Os mais cépticos argumentarão que foi a poupança existente que financiou a dívida. Contudo, é bom não esquecer que num mundo em que os bancos são dominantes, uma parte - não despicienda - da poupança é criada por via do multiplicador monetário. Para os menos experimentados nestas matérias, isto quer dizer que tal poupança verdadeiramente não existe. É uma espécie de antecipação do futuro. Uma imparidade ao contrário!

 

Hoje, as medidas de "asset-price Keynesianism", como lhes chama Nick Srnicek*, que usam a ilusão da riqueza para alimentar o consumo e o investimento são inoperantes. Com as taxas de juro encostadas no zero, a reposição do equilíbrio macroeconómico vai exigir a destruição de poder de compra. Sem inflação à vista no cabaz do consumo, resta-nos a inflação no cabaz de investimento, ou seja, a realização de perdas em activos sobrevalorizados!

 

A perda nas obrigações - i.e., o incumprimento - é um tema pouco popular. O melhor mesmo é destruir valor nos activos em que tal é intrínseco à estrutura contratual. E a escolha recai sobre… as acções! Enquanto os investidores institucionais procuram nas start-ups a rentabilidade que não vislumbram nas empresas tradicionais, os bancos centrais compram dívida e oferecem liquidez para aplicar em modelos de negócio baseados no crescimento em vez dos lucros.

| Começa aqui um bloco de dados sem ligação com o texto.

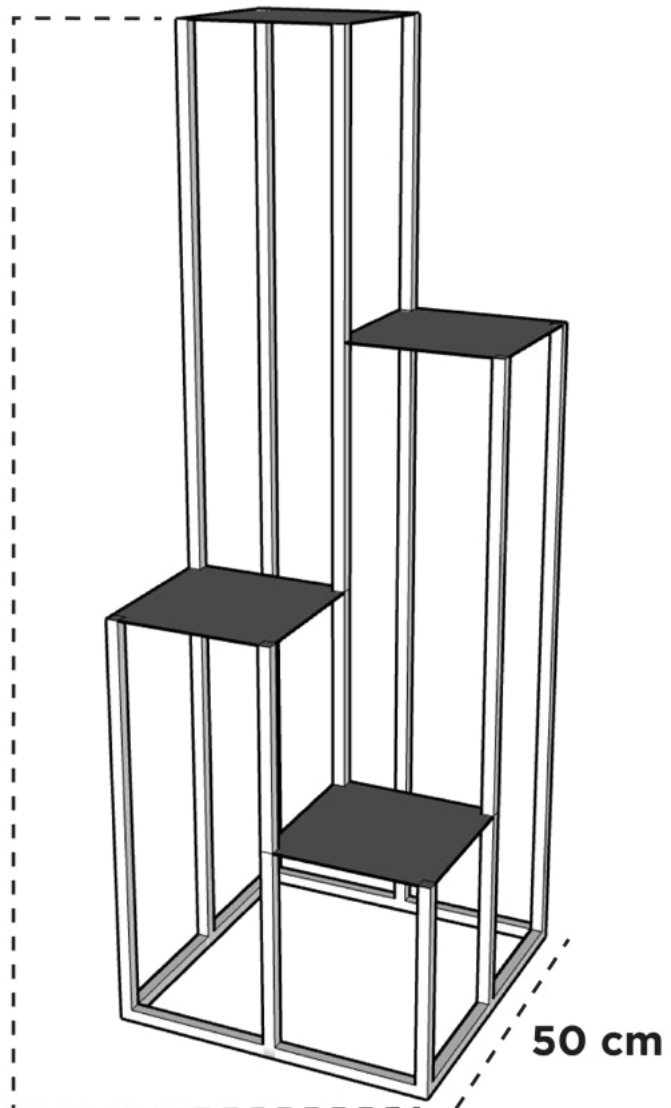

BASE 4 PATAS PTR 3/4" B52

24 cm x 95 cm

**Para Monaco #1.*

Dimensiones: Ancho x Diámetro Base x Altura

BASE PARA CUADRADAS -02 PTR 3/4" B60

50 cm x 50 cm x 140 cm

140 cm

Dimensiones: Largo x Ancho
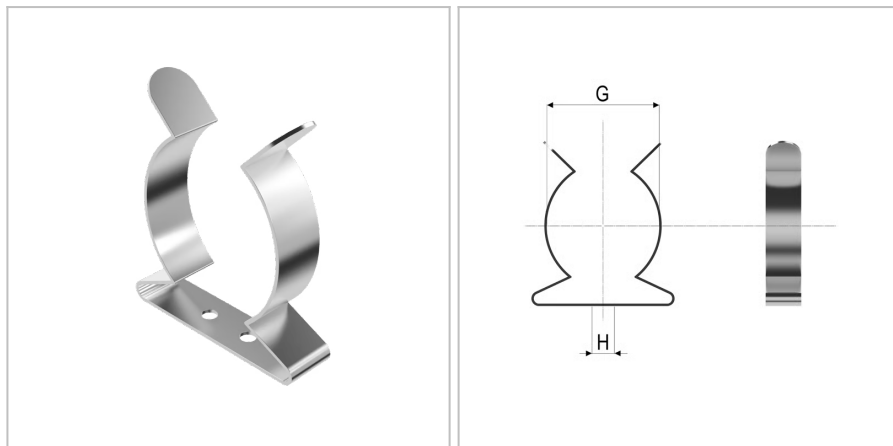

## 7521 - Graffa

<b>Nome prodotto</b>	7521 - Graffa
<b>Codice</b>	7521
<b>Descrizione</b>	TCC 10-12 FZB
<b>Materiale</b>	CK67

### DIMENSIONI

<b>G</b>	Preso	10-12 mm
<b>Tipo</b>	Tipo	C
<b>t</b>	Superficie	BrightZincatoFZB
<b>H</b>	Foro di fissaggio	2,4
<b>No</b>	Numero di fori di fissaggio	1

Com valorizações que temos dificuldade em justificar,… parecem estar a dar "corda ao investidor para se enforcar"!

 

*Srnicek, Nick (2018). "Platform Capitalism". Polity Press, UK. ISBN: 978-1-5095-0486-2 

 

Este artigo de opinião integra A Mão Visível - Observações sobre as consequências directas e indirectas das políticas para todos os sectores da sociedade e dos efeitos a médio e longo prazo por oposição às realizadas sobre os efeitos imediatos e dirigidas apenas para certos grupos da sociedade.